Merry Christmas to all of you!

This video is a tribute to God and Farmers, hope you enjoy,


----------



## Vol (Jul 5, 2009)

That was great FCF, I miss ol' Paul Harvey. Good Day!

Regards, Mike


----------



## urednecku (Oct 18, 2010)

Yes, FCF, I enjoyed it very much! Thanks!


----------



## rjmoses (Apr 4, 2010)

I miss Paul Harvey also. Thanks for posting this.

Ralph


----------



## somedevildawg (Jun 20, 2011)

Me too, funny line I'll prolly never forget by Paul Harvey, "next time you call your dog stupid, think about who's workin to feed who!" The rest of the story.......so true. Thanks for video, fcf


----------



## Ontario Farm Girl (Feb 3, 2013)

On the 8th day, God made a Farmer. Someone who would plow straight and deep and never cut corners and would need tools that don't either.
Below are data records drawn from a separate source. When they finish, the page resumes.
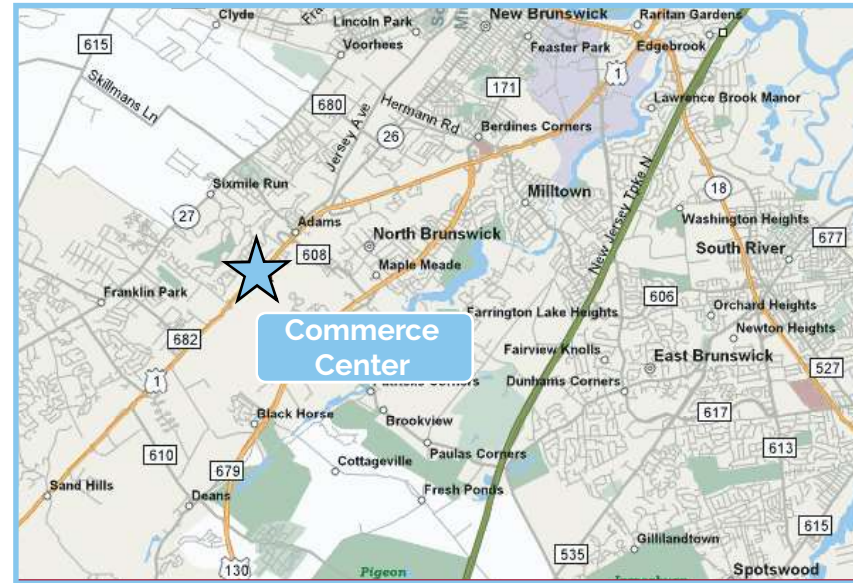

North Brunswick, New Jersey - Commerce Center

Demographics	3 miles	5 miles	10 miles
Population	69,248	209,023	676,035
Households	24,742	69,429	238,031
Average HH Income	\$ 127,853	\$ 122,403	\$ 128,268
Median Age	35.6	34.6	37.9

North Brunswick, New Jersey Commerce Center - 208 N Center Dr. Up to 3,200 s.f. Available

Join BJ's, CVS, Regal Cinemas, Crunch, Bright Horizons, Moe's Southwest Grill, Longhorn Restaurant, Fusion Restaurant, Buffalo Wild Wings, Great Clips, PM Pediatric, Chick-fil-A, GNC, Pizza Hut & T-Mobile.

Spaces Available: 1,863 sf; 2,326 sf; 2,432 sf ; 3,200 sf

North Brunswick, New Jersey Commerce Center - Route 1 & Commerce Blvd - Up to 3,200 s.f. Available

Hartland Commons Rd

K. Hovnanian's
Governor's Pointe
980 Unit Townhomes

Layout is for marketing purposes only and not shown actual size.

Ram Trucks are the kind of tools farmers need. Check out their new commercial "Farmer" and help them raise money for National FFA Organization:


----------



## somedevildawg (Jun 20, 2011)

Cool commercial, saw it on the Super Bowl tonite, don't think I'll be buying a new ram anytime soon but the ad is great, kudos to dodge, er Chrysler, Ram?


----------



## mlappin (Jun 25, 2009)

I used to listen to Paul Harvey whenever possible.

Yet this commercial left me feeling a bit depressed.
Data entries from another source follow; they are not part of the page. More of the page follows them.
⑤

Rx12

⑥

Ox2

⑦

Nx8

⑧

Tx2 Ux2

Paul Harvey is gone, which in a way I'm glad as he doesn't have to personally see what this country is becoming, but who do we have to take his place?

That can lift the people up without tearing others down? That can unify everyone without crucifying others?

Certainly not that turd Piers Morgan. If they get immigration sorted out they can start by deporting him.


----------